2022-11-10 15:31:53,351 - distributed.worker_memory - WARNING - Unmanaged memory use is high. This may indicate a memory leak or the memory may not be released to the OS; see https://distributed.dask.org/en/latest/worker-memory.html#memory-not-released-back-to-the-os for more information. -- Unmanaged memory: 3.04 GiB -- Worker memory limit: 3.79 GiB
Traceback (most recent call last):
File "/home/zzz/python/test.py", line 306, in ft_test
feature_matrix_ = ft.calculate_feature_matrix(
File "/home/zzz/.conda/envs/test/lib/python3.9/site-packages/featuretools/computational_backends/calculate_feature_matrix.py", line 316, in calculate_feature_matrix
feature_matrix = parallel_calculate_chunks(
File "/home/zzz/.conda/envs/test/lib/python3.9/site-packages/featuretools/computational_backends/calculate_feature_matrix.py", line 792, in parallel_calculate_chunks
client.replicate([_es, _saved_features])
File "/home/zzz/.conda/envs/test/lib/python3.9/site-packages/distributed/client.py", line 3481, in replicate
return self.sync(
File "/home/zzz/.conda/envs/test/lib/python3.9/site-packages/distributed/utils.py", line 338, in sync
return sync(
File "/home/zzz/.conda/envs/test/lib/python3.9/site-packages/distributed/utils.py", line 405, in sync
raise exc.with_traceback(tb)
File "/home/zzz/.conda/envs/test/lib/python3.9/site-packages/distributed/utils.py", line 378, in f
result = yield future
File "/home/zzz/.conda/envs/test/lib/python3.9/site-packages/tornado/gen.py", line 762, in run
value = future.result()
File "/home/zzz/.conda/envs/test/lib/python3.9/site-packages/distributed/client.py", line 3439, in _replicate
await self.scheduler.replicate(
File "/home/zzz/.conda/envs/test/lib/python3.9/site-packages/distributed/core.py", line 1153, in send_recv_from_rpc
return await send_recv(comm=comm, op=key, **kwargs)
File "/home/zzz/.conda/envs/test/lib/python3.9/site-packages/distributed/core.py", line 943, in send_recv
raise exc.with_traceback(tb)
File "/home/zzz/.conda/envs/test/lib/python3.9/site-packages/distributed/core.py", line 769, in _handle_comm
result = await result
File "/home/zzz/.conda/envs/test/lib/python3.9/site-packages/distributed/scheduler.py", line 5781, in replicate
for ws in random.sample(tuple(workers - ts.who_has), count):
File "/home/zzz/.conda/envs/test/lib/python3.9/random.py", line 449, in sample
raise ValueError("Sample larger than population or is negative")

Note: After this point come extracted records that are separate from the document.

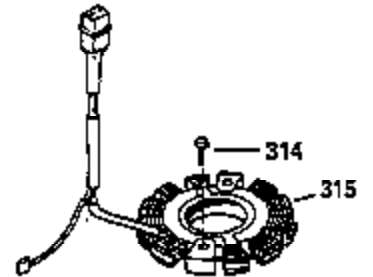

ILLUSTRATION SHOWS TYPICAL PARTS ONLY. ORDER PART NUMBER. PARTS NOT LISTED ARE SUPPLIED BY OEM.

VIEW 3 OF 3

Ref #	Part Number	Qty	Description
16	35520	1	Governor Lever
17	29916	1	Governor Lever Clamp
18	650548	1	Screw, 8-32 x 5/16"
19	35945	1	Extension Spring
28	30322	1	Lock Nut, 8-32
35	29826	1	Screw, 10-32 x 3/4"
36	29918	1	Lock Washer
37	29216	1	Lock Nut, 10-32
92	650880	1	Lock Washer
93	650881	1	Flywheel Nut
186	35522	1	Governor Link
200	36233	1	Control Bracket (Incl. 203 & 204)
203	36482	1	Compression Spring
204	650777	1	Screw, 6-32 x 21/32"
209	650902	2	Screw, 10-32 x 7/16"
210	27793	2	Conduit Clip
211	28942	2	Screw, 10-32 x 3/8"
238	650875	2	Screw, 10-32 x 5-1/4"
245A	35404	1	Air Cleaner Filter
260	35964	1	Blower Housing
261	30063	2	Screw, Torx T-30, 1/4-20 x 1/2"
286	35962	1	Cup & Screen
314	650873	2	Screw, 1/4-20 x 3/4"
315	611104	1	Alternator Coil (3/5 Split)(Incl.321, 322,323)
321	611161	1	Diode
322	611142	1	Connector Body
323	611118	2	Terminal

ValueError: Sample larger than population or is negative
2022-11-10 15:31:53,461 - distributed.worker_memory - WARNING - Unmanaged memory use is high. This may indicate a memory leak or the memory may not be released to the OS; see https://distributed.dask.org/en/latest/worker-memory.html#memory-not-released-back-to-the-os for more information. -- Unmanaged memory: 2.99 GiB -- Worker memory limit: 3.79 GiB
Exception in thread AsyncProcess Dask Worker process (from Nanny) watch process join:
Traceback (most recent call last):
File "/home/zzz/.conda/envs/test/lib/python3.9/threading.py", line 980, in _bootstrap_inner
self.run()
File "/home/zzz/.conda/envs/test/lib/python3.9/threading.py", line 917, in run
self._target(*self._args, **self._kwargs)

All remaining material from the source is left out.